We had some small moments of Keyan showing us her personality today and like I said in my previous post, I am trying to hold onto those little things. She had another rough night and I spent much of it holding and soothing her. As I did that I really had time to think about how her body is under such attack and so my goal for today was to try and not worry about what might be...of course easier said than done. So, while her blank stares are so hard to watch, I tried telling myself that it was just her bodies way of healing and I honestly didn't stress about it AS MUCH....we will see how tomorrow goes.
She had physical therapy, occupational therapy, and speech therapy for about 10 minutes each and she worked so hard. After every session, she immediately went to sleep but it was good to see that although her face does not show it, her spirit is still there trying to fight. It is very hard to think that just a week ago, she was telling us all that she did not need any help, but again, she tolerated therapies longer today than yesterday and it just a slow process. Her back has been bothering her for the last three days and it seems to be getting worse, so much so that she even told the doctor it hurt today. They are running some other tests and check for a muscle injury and some other things. I am trying to just use Tylenol for her pain, but am constantly wondering if that is good enough. I just hate to add more medicine! All of these decisions are so strenuous and can be such a heavy burden.
Grammie and Poppie were able to make it up and it was so good to see them. You know, no matter what, it always feels good to see your parents and get a hug from them. I know it was hard for them to see Keyan so sick but she liked snuggling with both of them. We moved her to the couch and she took turns leaning on my mom and dad. She had some smiles, laughs, and a few tears too. (as did the adults in the room) They promised us both they would get up again soon and I am going to hold them to it.

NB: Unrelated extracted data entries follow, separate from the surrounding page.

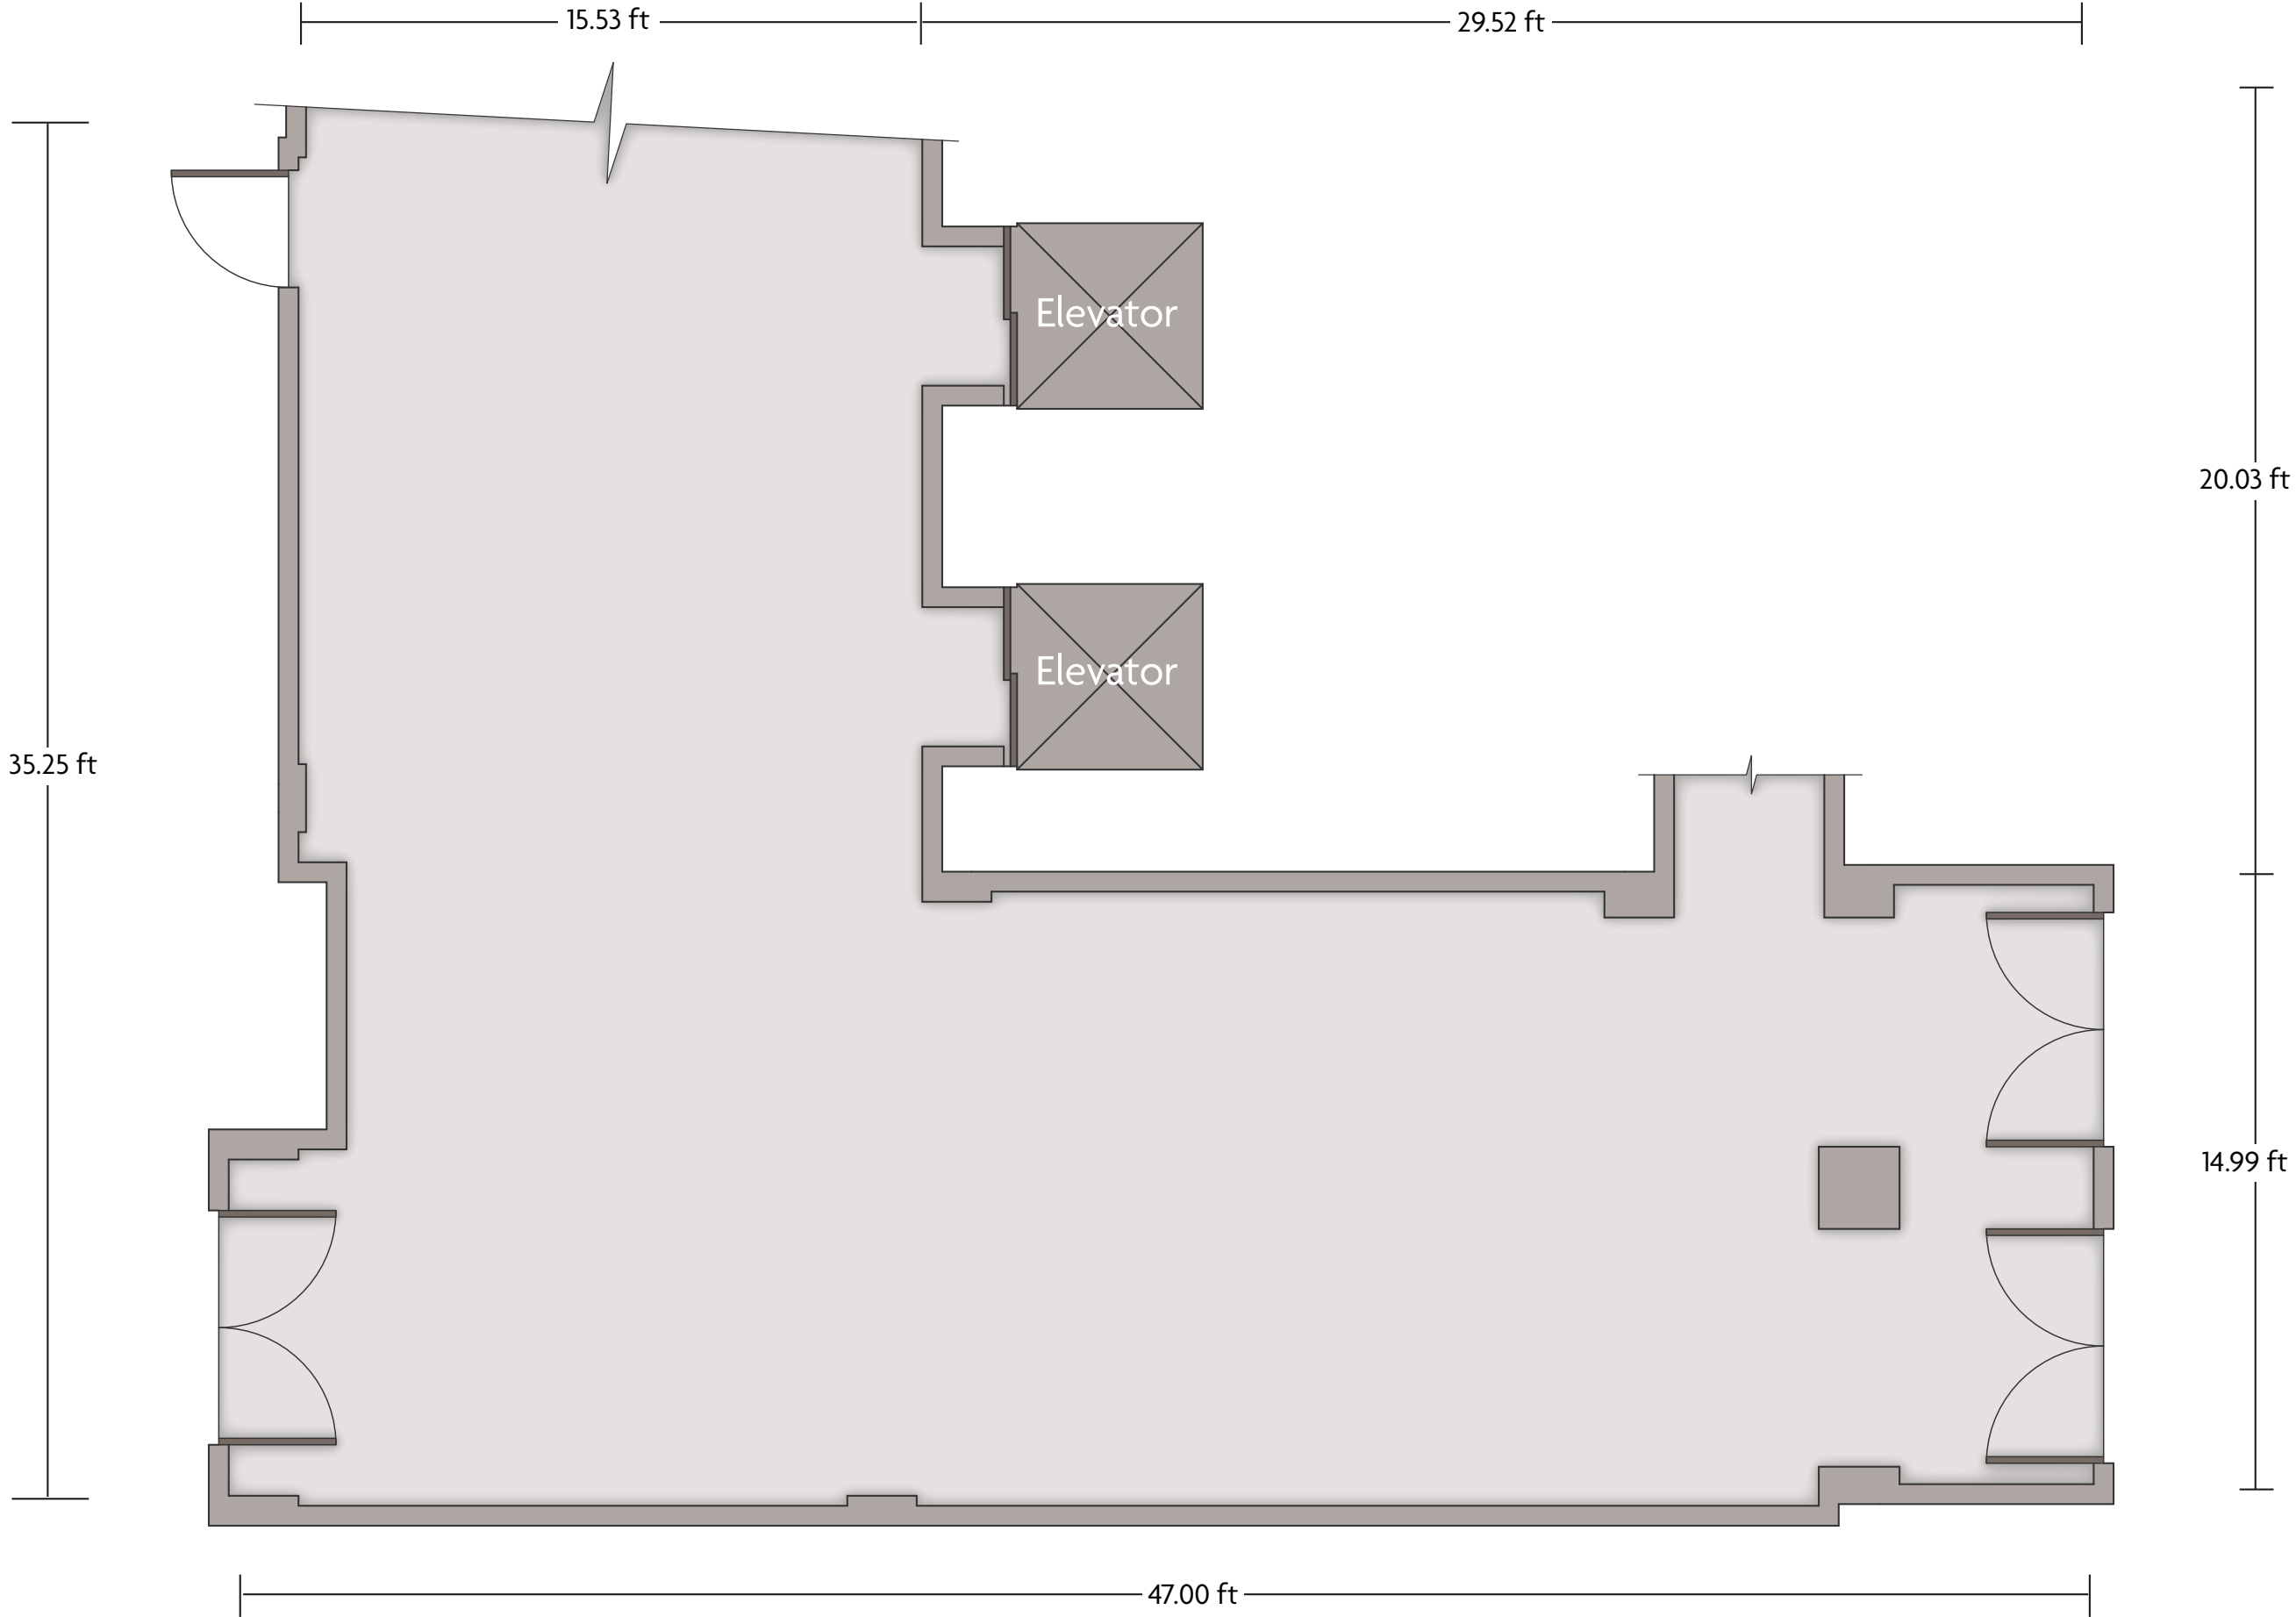

# Crowne Plaza® Knoxville Downtown University - Executive Boardrooms 1 & 2

LENGTH: 57.3 Ft    WIDTH: 22.9 Ft    HEIGHT: 10 Ft    TOTAL SQUARE FEET: 1081.8 Sq Ft    MAXIMUM CAPACITY: 40    POWER OUTLETS: 14

# Crowne Plaza® Knoxville Downtown University - Private Dining Room

LENGTH: 25.6 Ft    WIDTH: 24.0 Ft    HEIGHT: 9.5 Ft    TOTAL SQUARE FEET: 606.3 Sq Ft    MAXIMUM CAPACITY: 30    POWER OUTLETS: 1

401 West Summit Hill Drive | Knoxville, TN 37902 | 865.522.2600

\*Multiple layout options available for this space.

# Crowne Plaza® Knoxville Downtown University - Summit Hill - Prefunction Area

LENGTH: 47.0 Ft    WIDTH: 35.2 Ft    HEIGHT: 9 Ft    TOTAL SQUARE FEET: 1001.0 Sq Ft    MAXIMUM CAPACITY: 74    POWER OUTLETS: 10
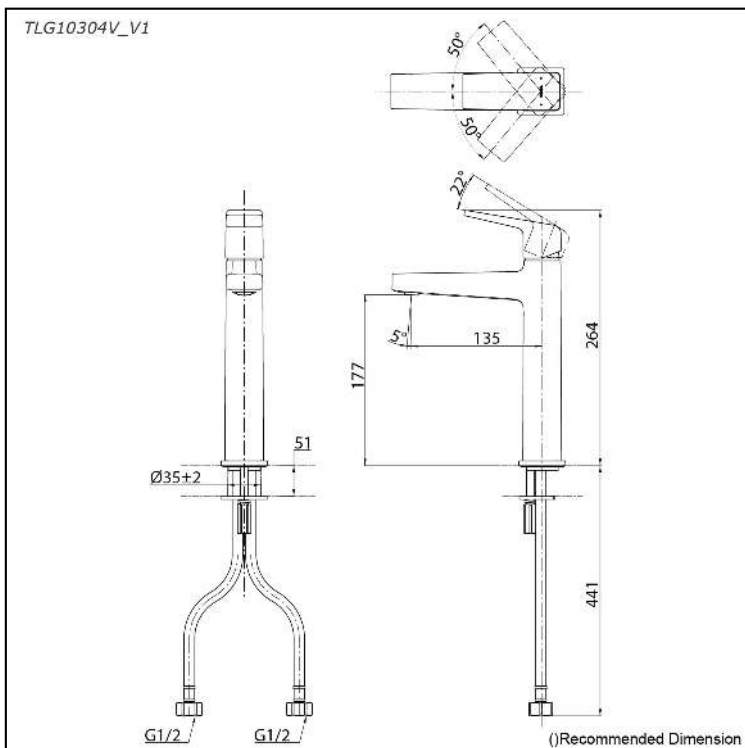

*GB Series
Single Lever Lavatory Faucet
(Semi-tall Vessel) (w/o Pop-up Waste)*

Features

- Stately squareness and beveled edges imbue a space with dignity
- Gently beveled with balanced highlights accentuate the shape of the gradually narrowing spout
- Easy Installation and Usage
- Long lasting, COMFORT GLIDE mechanism for a smooth operation

Specifications

Finish: Chrome
Material: Brass
Water Pressure: 0.05MPa~1.0MPa

Parts description

- **TLG10304V_V1**
Single Lever Lavatory Faucet
(w/o Pop-up Waste)

res of w/one 2023

Flow Rate

TLG10304V_V1
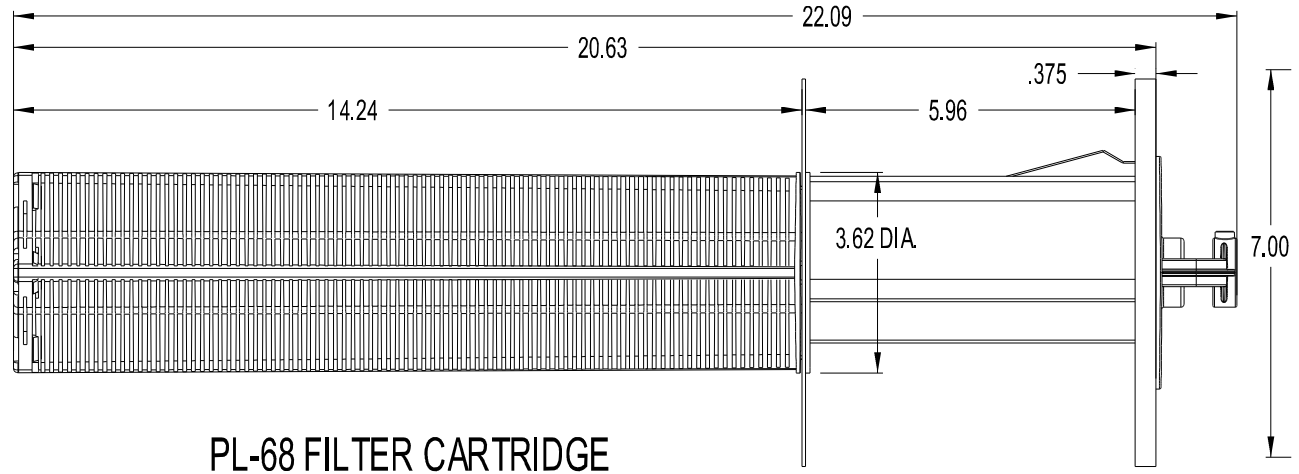

EXCEPTS 3/4" PIPE FOR HANDLE

PL-68 FILTER CARTRIDGE
 PART NO. - 30130-CB
 MATERIAL - POLYPROPELYENE

Today I am thankful for the very small steps I can see Keyan taking towards healing. I am thankful she was able to make appropriate choices when asked about books, and I am thankful that her mind is allowing her body to rest. Today I am most thankful for a caring group of people who are taking care of her here at the hospital. Our nurses, therapists, nurse practitioners, case managers, doctors, and the cleaning staff have shown real concern for our little girl. They patiently put up with my opinion and "expertise", and are willing to lend a listening ear whether I am sharing my fears, asking my millionth question, or venting about the cafeteria! I fell so blessed to have them taking care of one of my most prized possessions.
1 comment:
I'm so glad that things are continuing to improve. The fact that Keyan was able to make appropriate choices is SO reassuring. It sounds like she is just weak. I hope you are all able to gather your strength in the days ahead. Enjoy those cuddles and hugs. Give her one from me and Ainsley.